A vrai dire, même les partisans de l’ACAL y voient leur intérêt, puisqu’ils pourraient ainsi faire « valider » de manière incontestable l’existence de la « Trop Grande Région » ; de leur côté, les régionalistes sont persuadés de pouvoir corriger l’échec du vote de 2013, largement imputable aux querelles intestines de la Majorité Alsacienne (conduite par Philippe Richert) de l’époque. C’est donc une « sortie par le haut » qui se profile et pourrait donner lieu à un scrutin dès l’automne 2017 (date idéale pour mettre un terme aux incertitudes actuelles).

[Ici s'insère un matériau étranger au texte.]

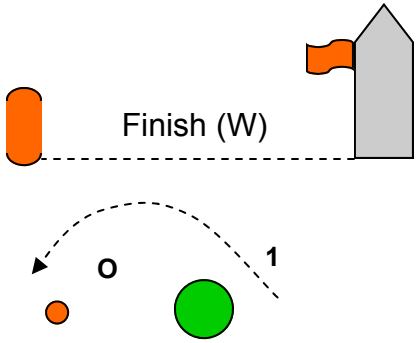

2014 Earl Corkett Regatta

Addendum A: Course Diagrams and Descriptions

No.	Course
1	Start—1—O—2—Finish (M)
2	Start—1—O—2—1—O—2—Finish (M)
3	Start—1—O—3—Finish (W)
4	Start—1—O—3—1—O—3—Finish (W)

<u>Mark</u>	<u>Description</u>
Start/Finish	Orange inflatable cylinder
Marks 1,2,3	Green inflatable cylinder
O	Orange ball

NOTE: **NOT** to scale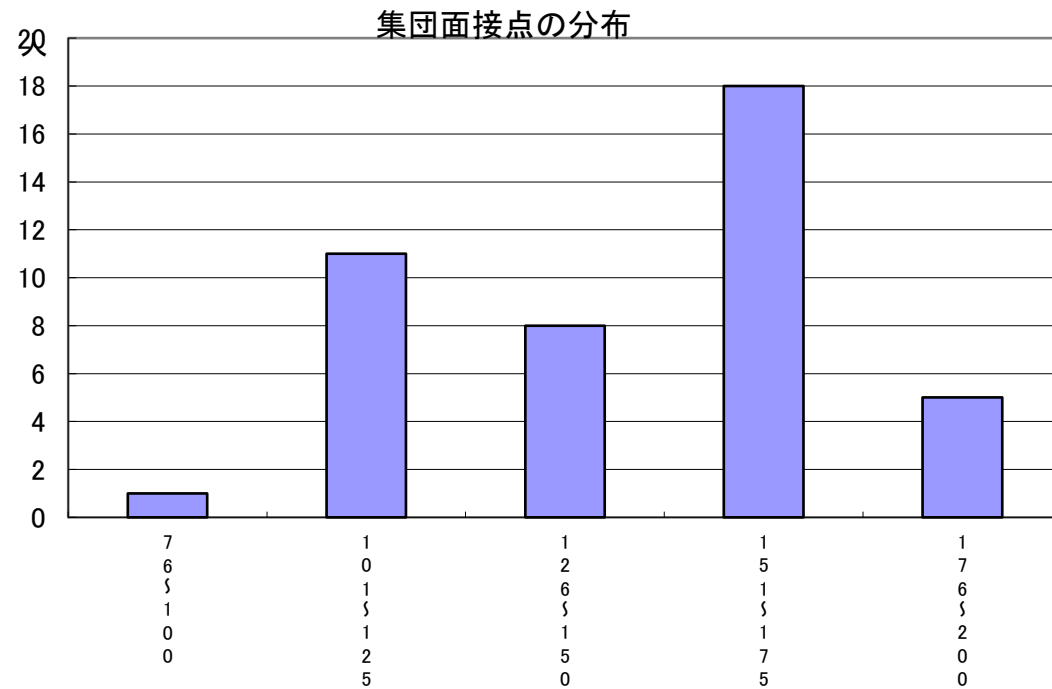

推薦に基づく選抜における各検査の得点分布（特別推薦）

受検者数

集団討論・個人面接点の分布	43人
小論文・作文点の分布	0人
実技検査点の分布	43人

点

点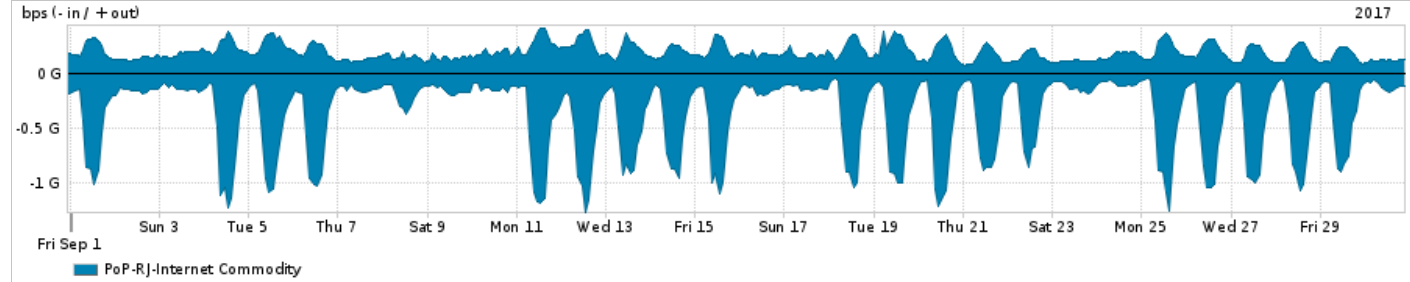

Os gráficos apresentados neste relatório de tráfego estão em formato stack, o que significa que seu valor é uma composição da soma dos componentes listados nas legendas localizadas logo abaixo dos gráficos. Os gráficos estão em "bps x tempo" e possuem dois eixos verticais, Out (positivo) e In (negativo).

A primeira coluna da tabela define o ponto de referência para entendimento dos valores de In e Out.

A contabilização do tráfego é sob o ponto de vista do AS da RNP, AS1916.

Legenda:

PoP - Ponto de presença da RNP

Parceiros - Provedores comerciais que a RNP mantém acordos de troca de tráfego

Internet Acadêmica - Acesso às redes acadêmicas internacionais, serviço atualmente provido pela RedClara

Internet commodity - Acesso pago à Internet global que é oferecido pela RNP aos seus clientes

ASN - Número do sistema autônomo

Profile - Objeto gerenciável definido arbitrariamente no Peakflow através de diversos parâmetros (ex: bloco cidr, peer-as, as-path, bgp community, interface, etc)

Utilização do serviço de Internet Commodity pelo PoP-RJ

Pour être vraiment démocratique, le référendum doit porter sur une question claire et intelligible par tous, avec des conséquences sans ambiguïté. Il convient également de fixer la composition du corps électoral et les règles de validité du résultat. Voici les propositions qui pourraient répondre à ces interrogations :

  • les citoyens régulièrement inscrits sur les listes électorales des communes du Haut- et du Bas-Rhin sont seuls appelés aux urnes (et non les habitants des autres départements du Grand Est),
  • la participation exigée est de 50% ; pour ce décompte, l’ensemble du territoire est pris en compte (pas de « taux départemental »),
  • en cas de vote « non », les deux départements continuent à faire partie de l’ACAL.

Ni référendum d’indépendance de type écossais, ni Brexit aux conséquences floues, ce référendum serait un signe de maturité civique pour notre Landel et permettrait de faire « tomber les masques ».

Reste à formuler la question, qui pourrait être : « approuvez-vous la création d’une nouvelle région Alsace organisée selon les principes du texte en annexe ? »

En effet, il ne suffit pas de souhaiter le retour à la situation d’avant le 1er janvier 2016, car la « vieille » région avait très largement échoué ; après le refus du « faux projet » de 2013, il convient aussi d’élaborer une architecture institutionnelle attrayante, moderne et efficace, pour mettre l’Alsace « en lice » dans l’espace rhénan. C’est ce travail « constitutionnel » qui doit mobiliser les énergies : pour être crédibles dans la revendication référendaire, les Alsaciens doivent se montrer unis!

C’est le moment de décréter l’amnistie pour les querelles et les rancoeurs du passé, si nous voulons réussir à offrir un horizon alsacien et européen aux futures générations.